§ PROBLEM STATEMENT
Return only the stretch of the material below that begins with the line containing "3. Por día del mes (Nacional)" and ends with the line containing "4.1 Por día de la semana (promedio)", exactly; both of those lines belong to it.

-*-

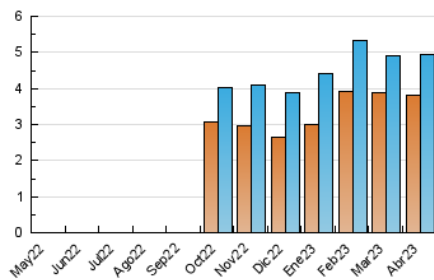

2. Secciones (Nacional)

	PAGINAS	%
HOME	926	12.46 %
RESTO	6.507	87.54 %

3. Por día del mes (Nacional)

Día	N. únicos	Visitas	Páginas	Día	N. únicos	Visitas	Páginas	Día	N. únicos	Visitas	Páginas
1	345	367	455	11	87	98	156	21	163	184	239
2	130	143	166	12	110	130	199	22	72	76	97
3	130	148	226	13	218	247	434	23	61	72	83
4	276	312	422	14	160	174	232	24	120	140	225
5	198	242	475	15	75	79	99	25	116	140	209
6	276	320	539	16	71	75	113	26	99	121	198
7	124	129	164	17	92	109	186	27	225	252	459
8	74	83	108	18	141	167	229	28	104	113	237
9	76	82	116	19	260	297	456	29	73	80	95
10	112	118	191	20	331	367	555	30	60	61	70

4. Gráficas (Nacional)

4.1 Por día de la semana (promedio)

N. únicos / Visitas (x 100)

Páginas (x 100)

4.2 Por franja horaria (promedio)

Visitas_ (x 1000)

Páginas (x 1000)

4.3 Por meses

N. únicos / Visitas (x 1000)

Páginas (x 1000)

5. Observaciones

Este Medio Electrónico de Comunicación ha sido medido por la herramienta Google Analytics de Google (Universal Analytics)

6. Definiciones básicas (Para más información ver Normas Técnicas para el Control de los Medios Electrónicos de Comunicación)

Visita:

Una secuencia ininterrumpida de páginas servidas a un usuario válido. Si dicho usuario no realiza peticiones de páginas en un periodo de tiempo (30 min) la siguiente petición constituirá el inicio de una nueva visita.

-*-

§ RESPONSE TO THIS EXERCISE
3. Por día del mes (Nacional)

Día	N. únicos	Visitas	Páginas	Día	N. únicos	Visitas	Páginas	Día	N. únicos	Visitas	Páginas
1	345	367	455	11	87	98	156	21	163	184	239
2	130	143	166	12	110	130	199	22	72	76	97
3	130	148	226	13	218	247	434	23	61	72	83
4	276	312	422	14	160	174	232	24	120	140	225
5	198	242	475	15	75	79	99	25	116	140	209
6	276	320	539	16	71	75	113	26	99	121	198
7	124	129	164	17	92	109	186	27	225	252	459
8	74	83	108	18	141	167	229	28	104	113	237
9	76	82	116	19	260	297	456	29	73	80	95
10	112	118	191	20	331	367	555	30	60	61	70

4. Gráficas (Nacional)

4.1 Por día de la semana (promedio)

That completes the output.